In this question, you will build a dataset on books. The data will be collected from
https://books.toscrape.com/
Note: The purpose of this exercise is to demonstrate data acquisition (scraping), cleaning, and exploration.
You can use BeautifulSoup and Requests Python libraries.

Write scripts to fulfil the below requirements:

a. Collect 1000 (or as many as possible) items from the website and save them to
csv(s) files.

    The data collected should include:
    1. Title
    2. Rating
    3. Price
    4. Stock availability (Boolean)
    5. UPC
    6. Quantity available
    7. Category
    (10 marks)
    
b. Identify any problems with the data and clean accordingly. (5 marks)

c. Calculate the total value of each category. Which category is the most valuable? (5 marks)
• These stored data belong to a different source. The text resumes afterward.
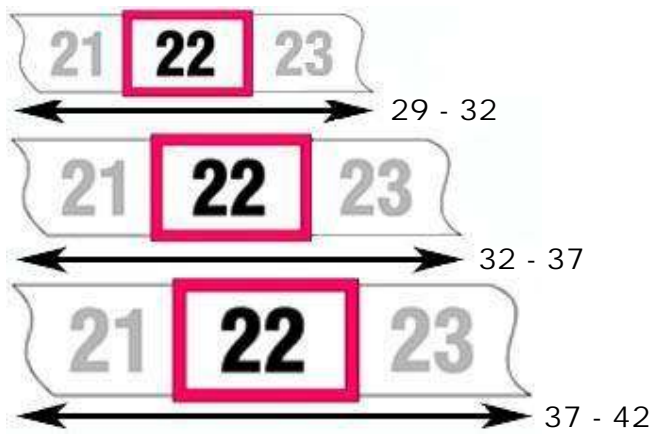

- 30 20 (- 38 30,

: 100; 1000 5000
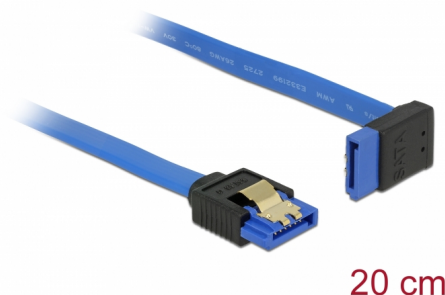

# Delock Przewód SATA 6 Gb/s, żeński, prosty > SATA żeński, wygięte pod kątem do góry, 20 cm, niebieski ze złotymi zaciskami

## Opis

Ten przewód SATA firmy Delock umożliwia wykonanie wewnętrznego podłączenia różnych urządzeń SATA, np. dysków twardych, kontrolerów lub pamięci Flash. Jest on zgodny z najnowszym standardem i oferuje transfer danych z prędkością do 6 Gb/s. Zapewnia on kompatybilność wsteczną do poprzednich wersji SATA, jednak wtedy może on uzyskać prędkość transferu odpowiednią dla danej wersji. W przypadku podłączenia tego przewodu do dysku twardego zostanie on doprowadzony do góry. Metalowe zaczepty występujące na złączach zapewniają solidne zatrzaśnięcie się przewodu w odpowiednim miejscu.

## Szczegóły techniczne

- Złącze:
  - 1 x 7-pinowe SATA 6 Gb/s żeński proste >
  - 1 x 7-pinowe SATA 6 Gb/s żeński, wygięte pod kątem do góry
- Szybkość transmisji danych do 6 Gb/s
- Wsteczna zgodność z SATA 1,5 Gb/s, 3 Gb/s
- Rodzaj kabla: 26 AWG
- Kolor: niebieski
- Ze złotymi metalowymi zaczepty
- Długość bez złączami: ok. 20 cm

## Physical characteristics

Wykończenie pinów:	pozlacane
Conductor gauge:	26 AWG
Długość:	20 cm
Kolor:	niebieski

d. Which category with more than 10 titles has the highest percentage of books
rated 4 stars or higher? (5 marks)

e. Compare the average ratings of each category. What are your conclusions? (10 marks)

# SOLUTION

#### STEP 1: Import required libraries

In [None]:
import time
import pandas as pd
import requests
from bs4 import BeautifulSoup

    Pandas ---> Our library for data wrangling, data manipulation and data transformation.
    Requests ---> Our library for making requests to web pages and accessing resources on the internet.
    Time ---> Helps to handle time complexities in our code. Very useful for keeping track of when we last scraped.
    BS4 ---> The beautiful soup library used to parse, prettify, and work with HTML tags while scraping.
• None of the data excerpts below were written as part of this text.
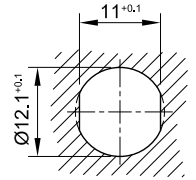

# SLB4-E

Artikelnummer 49.7049-\*

Isoliert, starr, Ø 4 mm, geeignet zur Aufnahme federnder Ø 4 mm-Stecker mit starrer Isolierhülse. Messingdrehteil. Isolationsmaterial UL94 V-0. Montage durch Festschrauben in Bohrungen von Platten oder Gehäusen aus Kunststoff, Metall etc. Lötanschluss.

| Technische Daten               |   |
|--------------------------------|---|
| Durchmesser Stecksystem        | 4 mm  |
| Bemessungsdaten                | 1000 V, CAT III, 24 A / 600 V, CAT IV, 24 A   |
| Oberfläche Kontaktteil         | Ni  |
| Grundmaterial Kontaktteil      | CuZn  |
| Standardfarbe(n) *             | <span style="background-color: #ffff00; border: 1px solid black; padding: 2px;">20</span> <span style="background-color: #000000; color: white; border: 1px solid black; padding: 2px;">21</span> <span style="background-color: #ff0000; color: white; border: 1px solid black; padding: 2px;">22</span> <span style="background-color: #0000ff; color: white; border: 1px solid black; padding: 2px;">23</span> <span style="background-color: #ffff00; border: 1px solid black; padding: 2px;">24</span> <span style="background-color: #008000; color: white; border: 1px solid black; padding: 2px;">25</span> <span style="background-color: #800080; color: white; border: 1px solid black; padding: 2px;">26</span> <span style="background-color: #ff8c00; border: 1px solid black; padding: 2px;">27</span> <span style="background-color: #cccccc; border: 1px solid black; padding: 2px;">28</span> <span style="background-color: #ffffff; border: 1px solid black; padding: 2px;">29</span> |
| Messzubehör nach               | IEC EN 61010-2-030  |
| Mitgeliefertes Montagematerial | MUR/M12x0,75  |
| Bemerkungen                    | Zubehör: Rohrschlüssel SS2; Rohrschlüssel SS425   |
| Zulassungen                    | UR  |
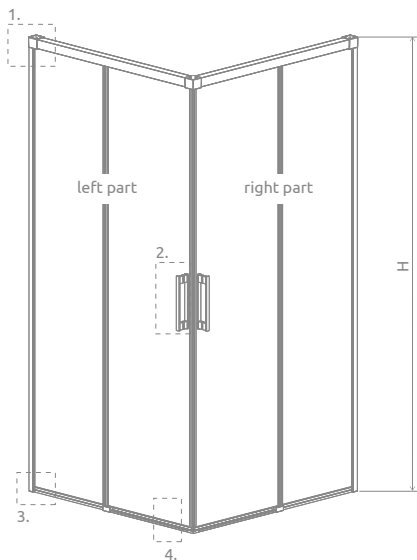

Model	D
KDD 70Lx70P	345
KDD 70Lx75P	365
KDD 70Lx80P	380
KDD 70Lx90P	420
KDD 70Lx100P	465
KDD 70Lx110P	505
KDD 70Lx120P	550
KDD 75Lx70P	365
KDD 75Lx75P	380
KDD 75Lx80P	400
KDD 75Lx90P	440
KDD 75Lx100P	480
KDD 75Lx110P	520
KDD 75Lx120P	565

Model	D
KDD 80Lx70R	380
KDD 80Lx75R	400
KDD 80Lx80R	420
KDD 80Lx90R	455
KDD 80Lx100R	495
KDD 80Lx110R	535
KDD 80Lx120R	575
KDD 90Lx70R	420
KDD 90Lx75R	440
KDD 90Lx80R	455
KDD 90Lx90R	490
KDD 90Lx100R	525
KDD 90Lx110R	565
KDD 90Lx120R	605

Model	D
KDD 100Lx70R	465
KDD 100Lx75R	480
KDD 100Lx80R	495
KDD 100Lx90R	525
KDD 100Lx100R	560
KDD 100Lx110R	595
KDD 100Lx120R	635
KDD 110Lx70R	505
KDD 110Lx75R	520
KDD 110Lx80R	535
KDD 110Lx90R	565
KDD 110Lx100R	595
KDD 110Lx110R	630
KDD 110Lx120R	665
KDD 120Lx70R	550
KDD 120Lx75R	565
KDD 120Lx80R	575
KDD 120Lx90R	605
KDD 120Lx100R	635
KDD 120Lx110R	665
KDD 120Lx120R	700

Model	A1/A2	X1/X2	Y1/Y2	C1/C2	H
KDD 70 L/P	700	685-700	680-695	305-320	2005
KDD 75 L/P	750	735-750	730-745	330-345	2005
KDD 80 L/P	800	785-800	780-795	355-370	2005
KDD 90 L/P	900	885-900	880-895	405-420	2005
KDD 100 L/P	1000	985-1000	980-995	455-470	2005
KDD 110 L/P	1100	1085-1100	1080-1095	505-520	2005
KDD 120 L/P	1200	1185-1200	1180-1195	555-570	2005

ADDITIONAL OPTIONS

There is a possibility of a paid replacement of transparent gaskets for black gaskets:

1. option no.1 - only magnetic gaskets,
   - option no. 2 - all gaskets (magnetic, vertical and horizontal).
2. The selected option must be clearly stated in the order.

Extension profiles	profile finish: CHROME Art. No.	profile finish: BLACK Art. No.	profile finish: WHITE Art. No.	profile finish: GOLD Art. No.	profile finish: BRUSHED GOLD Art. No.
Profile +2cm - it can be mounted only on the side of the fixed front wall - set	P01-ID-001-01	P01-ID-001-54	P01-ID-001-04	P01-ID-001-09	P01-ID-001-99
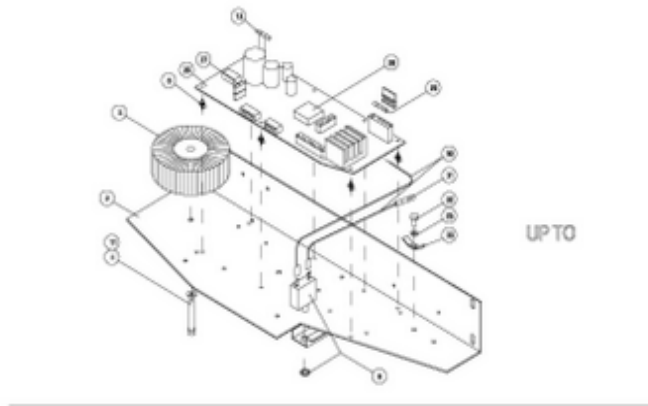

Page 3214 - Powerunit,assy,SO-40a

<i>ITEM</i>	<i>PART NUMBER</i>	<i>DESCRIPTION</i>	<i>REMARKS</i>
01	1861022-SP	PCB,5G,SMD	
03	1860344-SP	Transformer,225VA,2x18V,220V	
08	1610540-SP	Relay,shake motor,G5D-2243T	
09	4000048-SP	Circuit breaker,10 amp	
12	1175210-SP	Fuse,6.3 Amp,set,10pcs	
16	1860259-SP	Holder,fuse,503S	
18	1860426-SP	Kit,spareparts,PCB,term.,S-35a	
24	1860699-SP	E-prom,S-35a,Euro	
26	1860707-SP	Board,A,Clamp SO40a,w/o Proc	
27	1860343-SP	Fuse,5A,autom.,S-35a,set,1-pcs	
28	1860733-SP	Processor,SO-40/35	
29	1860745-SP	Fuse,3.15A,T,autom.,set,10pcs	
	MODSET_S35-SP	MODIFYSET 1 POWERBOARD S35	
	MODPOT_S35-SP	MODIFYSET 2 POTMETER_BOARD S35	pos.17 & 23
	1860746-SP	PCB,A,clamp,S-35a/40,with proc	pos.26 & 28
	1861028-SP	PCB,autocl,S-35a,with proc POT	
	1862525-SP	Relay,for,shakerboard,1860707

#### STEP 2: Creating functions

To scrape the books from the web page, we break down the task into 4 parts. each of these parts becomes a function that helps make solving the overall problem easier. This process is commonly referred to as functional programming and we would be applying this method towards creating and saving our dataset.

###### The Functions:
Functions for scraping:
- get_info_internal_links -> This function scrapes the html tags from the web address and creates an instance of the beautiful soup library using the data scraped and the 'html.parser' to parse the data.
- get_books_into_dataset -> Store all the data collected from each page into a list of lists.
- save_scraped_data -> Save the data to the generated_data folder.
- iterate_through_pages -> Iterate through multiple and single pages scraping the data from https://books.toscrape.com/ by combining all the functions created.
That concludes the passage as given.